There are innumberable jokes about Microsoft error messages and their writers, but this one takes the cake:

Wednesday, September 12, 2007


"Hurray, I won the auction!" said John.
"What you 'won' was the right to pay more for something than everyone else thought it was worth", said Mary.

Monday, September 10, 2007

what's your story?

Everybody has a story. What's yours?

Well, everybody does not have a story, not yet anyway. But everybody needs a story. Because that's the only way you can engage with someone or something.

Some people's stories are the work they've done. Or are doing. Some stories are about the books one has read or the movies one has watched. Some write their stories first, and then make them happen while some just see a story weave out by its own. Some people's stories are other people and some other people's stories are other stories.

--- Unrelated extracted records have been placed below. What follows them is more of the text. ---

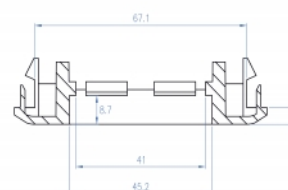

Delock Držák modulu Easy 45 pro instalační kanál, 85 x 80 mm

Popis

Tento držák modulu značky Delock je navržen pro montáž na jeden modul rozměru 45 x 45 mm nebo na dva moduly rozměru 22,5 x 45 mm.

Individuálně přizpůsobitelné příslušným potřebám

Specifikace

- Robustní plastový držák
- Vhodný k instalaci kanálu s otvorem přibližně 76,5 mm
- Výřez modulu: 45 mm x 45 mm
- Materiál: ABS
- Rozměry (DxŠxV): cca. 85 x 80 x 20 mm
- Barva: bílá

Systémové požadavky

- Instalační kanál s otvorem o rozměru přibližně 76,5 mm

Obsah balení

- Držák modulu Easy 45

Číslo produktu 81315

EAN: 4043619813155

Země původu: Taiwan, Republic of China

Balení: Plastová taška se zipem

Příslušenství

General	
Mounting type:	Easy 45
Physical characteristics	
Délka:	85 mm
Width:	80 mm
Height:	20 mm
Barva:	RAL 9003 Weiß
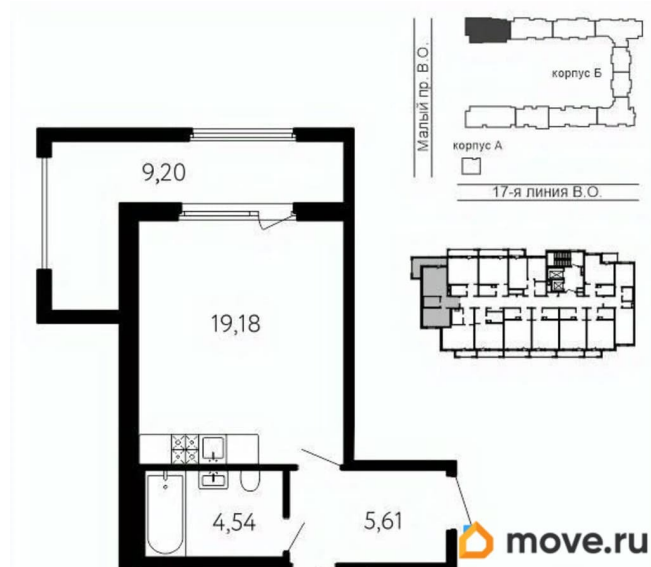

🕒 Создано: 31.03.2026 в 17:04

🔄 Обновлено: 06.04.2026 в 17:32

20 976 000 ₺

Округ

[СПБ, Василеостровский район](#)

Квартира

Количество комнат

1

Высота потолков

2.73 м

Жилая площадь

13.6 м²

Площадь кухни

19.2 м²

Общая площадь

47.49 м²

Этаж

6/10

Детали объекта

Тип сделки

Продам

Раздел

[Квартиры](#)

Тип балкона

лоджия

Тип санузла

совмещенный

Ремонт

<https://spb.move.ru/objects/9293029443>

СЗ 17-я Линия, СЗ 17-я Линия

79809647496

для заметок
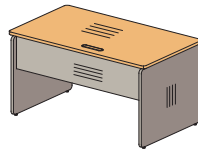

Элементный ряд коллекции АККОРД для персонала

Столы

1200x800x735 1200x800x738

состав изделия	столешница ДСтП	столешница MDF
Стол	48S001	48S101
Крышка стола	48S201	48S301
Комплект стенок верт. стола	48S501	
Стенка верт. стола	48S401	

1400x800x735 1400x800x738

состав изделия	столешница ДСтП	столешница MDF
Стол	48S002	48S102
Крышка стола	48S202	48S302
Комплект стенок верт. стола	48S501	
Стенка верт. стола	48S402	

1600x800x735 1600x800x738

состав изделия	столешница ДСтП	столешница MDF
Стол	48S003	48S103
Крышка стола	48S203	48S303
Комплект стенок верт. стола	48S501	
Стенка верт. стола	48S403	

1200x800x735 1200x800x738

состав изделия	столешница ДСтП	столешница MDF
Стол	48S011	48S111
Крышка стола	48S211	48S311
Комплект стенок верт. стола	48S501	
Стенка верт. стола	48S401	

1400x800x735 1400x800x738

состав изделия	столешница ДСтП	столешница MDF
Стол	48S012	48S112
Крышка стола	48S212	48S312
Комплект стенок верт. стола	48S501	
Стенка верт. стола	48S402	

1600x800x735 1600x800x738

Apple's (or the iPod's or iMac's or iPhone's) story is that of Steve Jobs' - iconoclast, maverick, successful, ultra-cool. Ferrari's story is the colour red. New Zealand's story is The Lord Of The Rings. Roger Federer's story is the poise. Shilpa Shetty's story (at least for a while) was the racial slander. Vijay Mallya's story is the glamour. A friend's story is the latest exasperating thing that happened to her. Another friend's story is his experiences of a new culture...

So, what's your story?

Sunday, September 9, 2007

wonder years

So I got hold of the first season of The Wonder Years recently and I didn't think I'd like watching it again after all these years. What is it - 10 years perhaps? I thought it would be too childish. And I have never had so much fun watching anything as I did watching Wonder Years again.

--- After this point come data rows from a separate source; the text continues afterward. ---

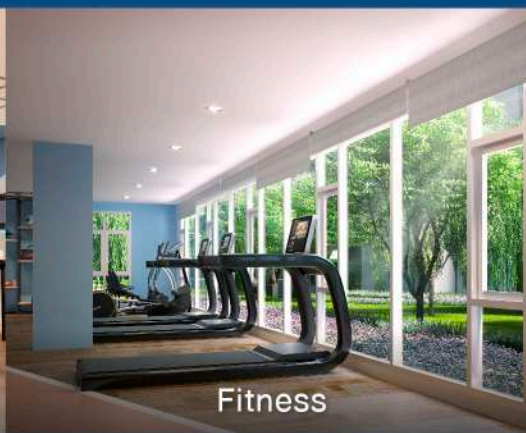

Facilities

Work - Life Balance

ชาร์จพลังชีวิตได้เต็มที่... เตรียมพร้อมสำหรับการใช้ชีวิตในวันต่อไป

ทุกการพักผ่อนของคุณจะเป็นเรื่องพิเศษ ... ด้วยการออกแบบโครงการที่ตอบโจทย์การพักผ่อน ทั้งฟังก์ชันห้องพื้นที่ส่วนกลาง หรือ จะออกไปช้อปปิ้ง ก็ใช้เวลาเพียงไม่กี่นาที... ให้คุณหายเหนื่อย หลังจากทำงานมาทั้งวัน

Fitness

Furniture Plan (A2) 26 sq.m.
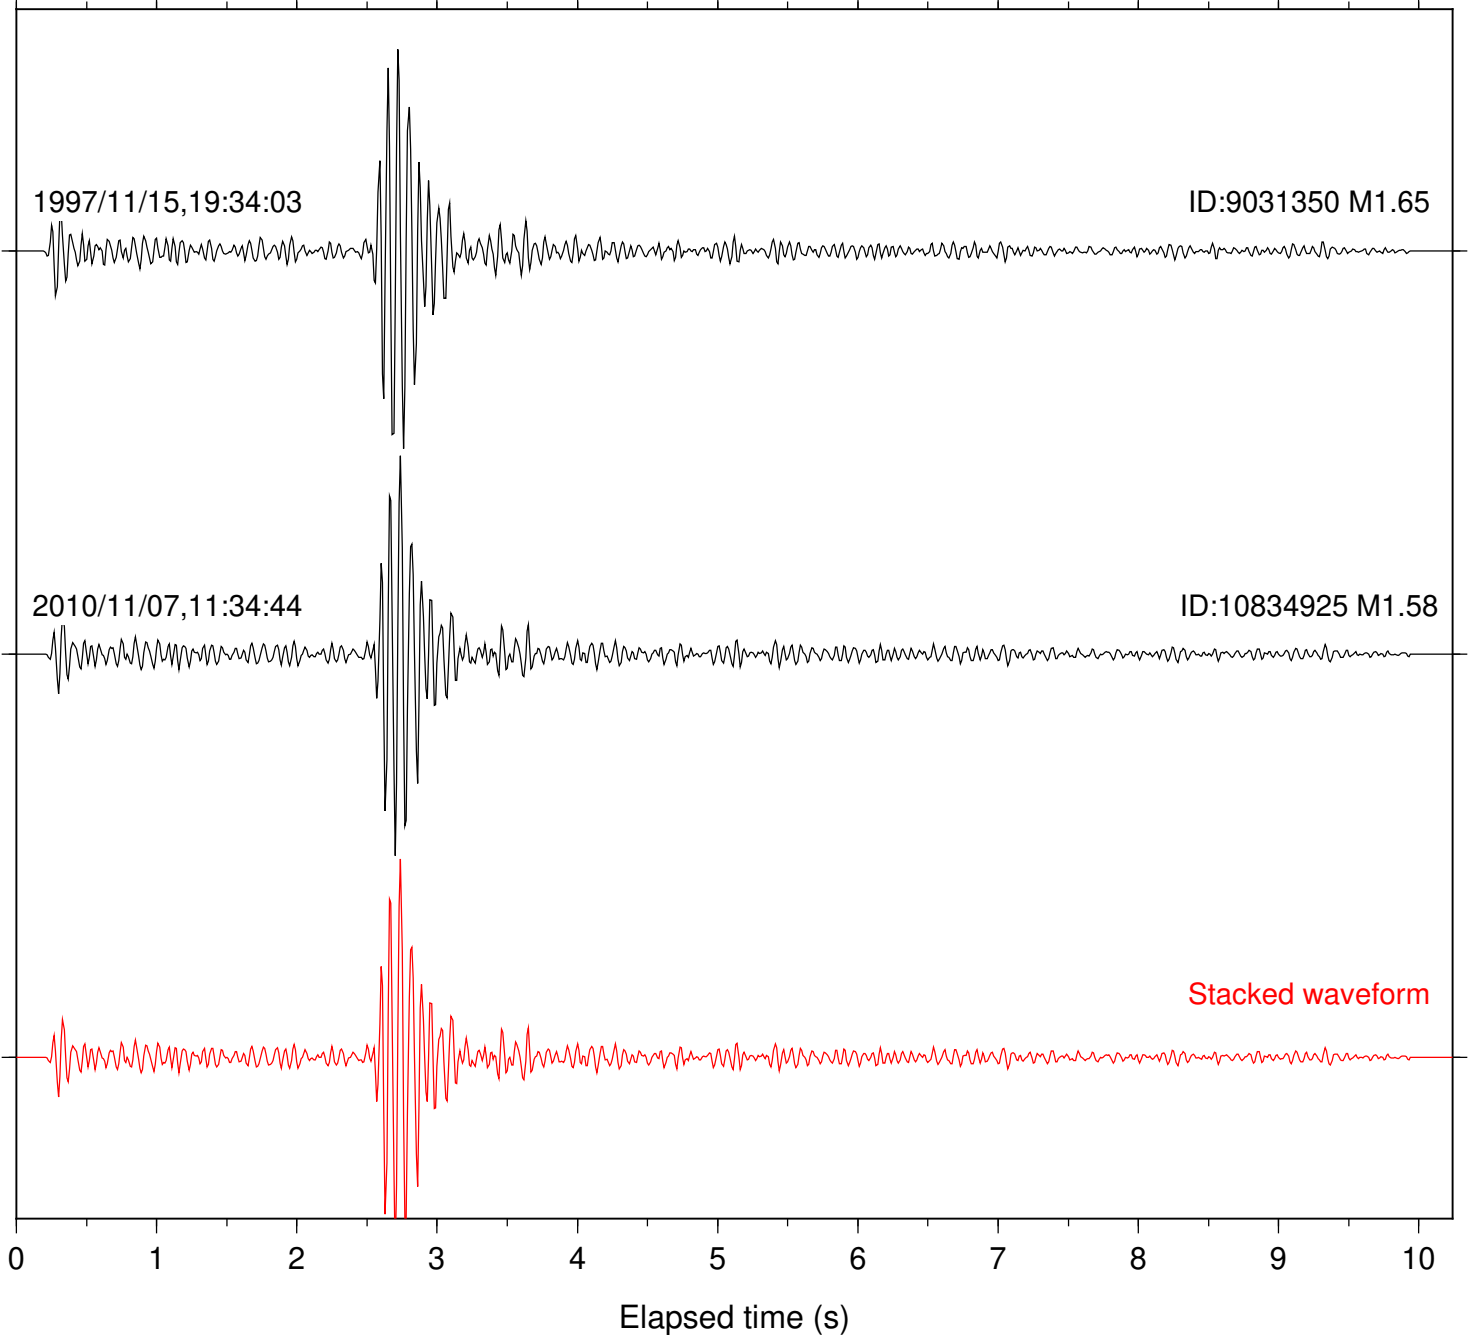

Station: KNW Com: HHZ

Focal depth: 16.57 km

1997/11/15,19:34:03

ID:9031350 M1.65

2010/11/07,11:34:44

ID:10834925 M1.58

Stacked waveform

It was still unique and I identified so much with the narrator this time round. The last time I had seen Kevin and Winnie I would hope my heart out that my life could be as interesting or fun as theirs. And now as I watched it again, I realised that my childhood had been very very similar - I just hadn't noticed then. I don't think I've ever become really nostalgic about my childhood or school. I have missed it and thought about it - but not this way. This time for the first time it all seemed really far away, almost surreal. I think I felt old for the first time in my life.

Monday, August 20, 2007


It's been a long time since I last posted something. I've been busy and a lot many thoughts have collected in mind waiting to be put down. And now I don't know where to begin.

The first problem I'm going to have to deal with is the chronological nature of blogs. There needs to be a writing/expressing/communicating platform that is not forcibly chronological.
Any ideas?

Monday, June 11, 2007

changing forces

In the 19th century, Britain was the super power - because of its military might. Its riches and stature were a result of conquering new lands and new people.

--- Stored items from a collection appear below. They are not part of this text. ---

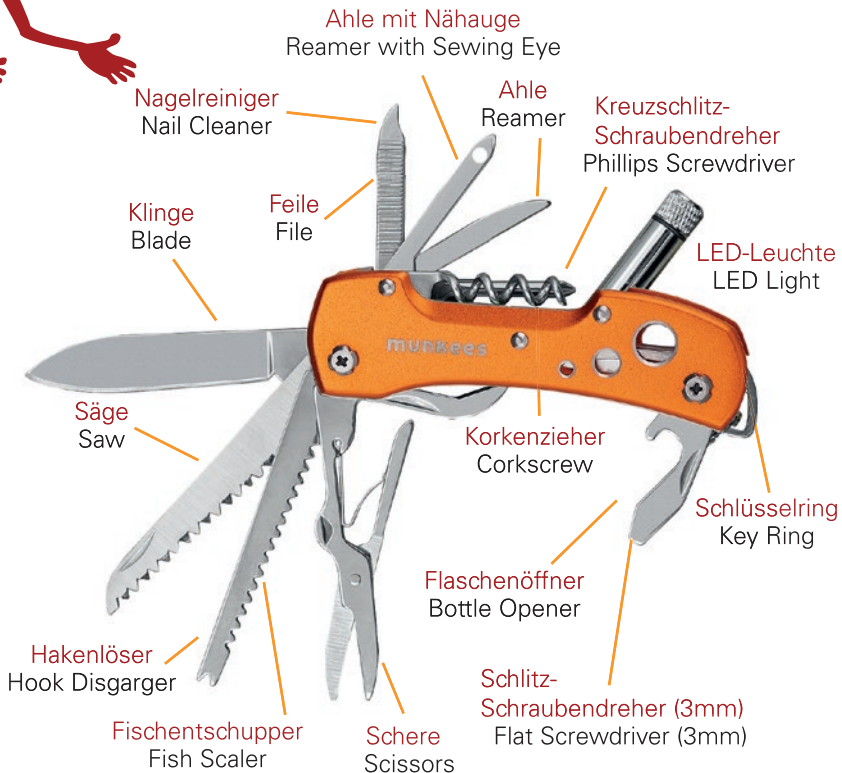

MULTI-TOOLS

Taschenmesser LED
mit 15 Funktionen
Pocket Knife LED
with 15 functions

2581 Grün | Green

2584 Orange | Orange

Material: • Aluminium (Griff),
• rostfreier Edelstahl
(Klinge & Werkzeuge)

- Maße: 95 x 31 x 16mm
- Klingenlänge: 65mm
- Gewicht: 120g

Material: • Aluminum (Handle)
• Stainless Steel
(Blade & Tools)

- Size: 95 x 31 x 16mm
- Blade Length: 65mm
- Weight: 120g
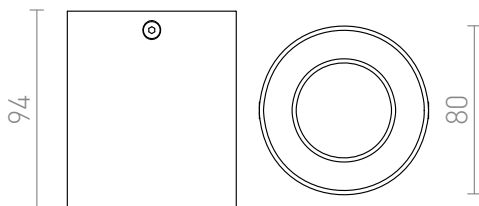

# MANTOVA I

Stropní válec pro reflektorovou žárovku s patičí GU10 bez možnosti naklopení.

MOC CZK vč DPH

R12729	MANTOVA I stropní matná bílá 230V LED GU10 7W	750,-
R12730	MANTOVA I stropní česaný hliník 230V LED GU10 7W	835,-
R12731	MANTOVA I stropní matná černá 230V LED GU10 7W	750,-
R14212	MANTOVA I stropní bílá/zlatá 230V LED GU10 7W	780,-
R14213	MANTOVA I stropní černá/zlatá 230V LED GU10 7W	780,-
R14214	MANTOVA I stropní česaná mosaz 230V LED GU10 7W	835,-

Throughout the 20th century, America has been the super power by virtue of its economic might. Its military might and influence across the world stem largely because it is a very, very rich country.

Now forces are changing again as we head into the 21st century. India and China are gearing up to be the new super powers and because of new factors - their population. The sheer enormousness of the number of Indian and Chinese is going be responsible for making them the most powerful countries in the world. The respective governments, regardless of ideology, should keep their helping (or meddling) hands aside and just take on the role of an enabler. They can do this by building the necessary infrastructure needed for such large populations to thrive. And the populace will, on its own, achieve the military or economic greatness or whatever is needed to become a superpower.

Saturday, June 2, 2007

the last mughal

Every time I finish a book, I am left with this feeling of emptiness I am unable to explain. So right now I am comfortably ensconced in my beanbag and looking up aimlessly at the ceiling as if soaking in the book. But I'm sure it's nothing quite as fanciful as that.

Today I finished The Last Mughal. It is a large book and I have taken some time to finish it. This is the second of William Dalrymple's books I have read (the other one being the City Of Djinns) and I've quite liked both. In fact, I think I must plan a trip to Delhi and see it as the books show it - walk through Purani Dilli and imagine the sights and sounds of a splendour long forgotten. And I think I will do it later this year when the summer begins to give way to more comfortable days.

I have recently developed a fondness for history - something I could never have imagined when during my struggle to stay awake while reading history textbooks. And as Dalrymple takes us through the first and most harsh awakening of a new identity for the subcontinent, he brings to light many interesting things.

Indians, by and large, have a complicated conservative orthodoxy that we jealously regard as an age old heritage that seems to me to be only a couple of hundred years old. I think we were a very liberal people.

To quote from this book, "The profoundly sophisticated, liberal and plural civilazation championed by Akbar, Dara Shukoh or the later Mughal Emperors has only a limited resonance for the urban middle class in modern India."

Looking into the period before the Mutiny, there are many aspects that make me more and more inclined to believe what I am saying now: Muslim and Hindu festivals were celebrated by people of both the religions with equal joy and excitement; even the East India Company officers mingled and assimilated into the culture of the sub-continent, learning their languages and taking interest in its literature, inter-marrying, even living in the same fashion. It would be unimaginable now for rebelling hindus to flock to a court as symbolic of Islam as the Mughal court to ask for patronage if only in name so they could have a common cause to fight for. But they did in 1857.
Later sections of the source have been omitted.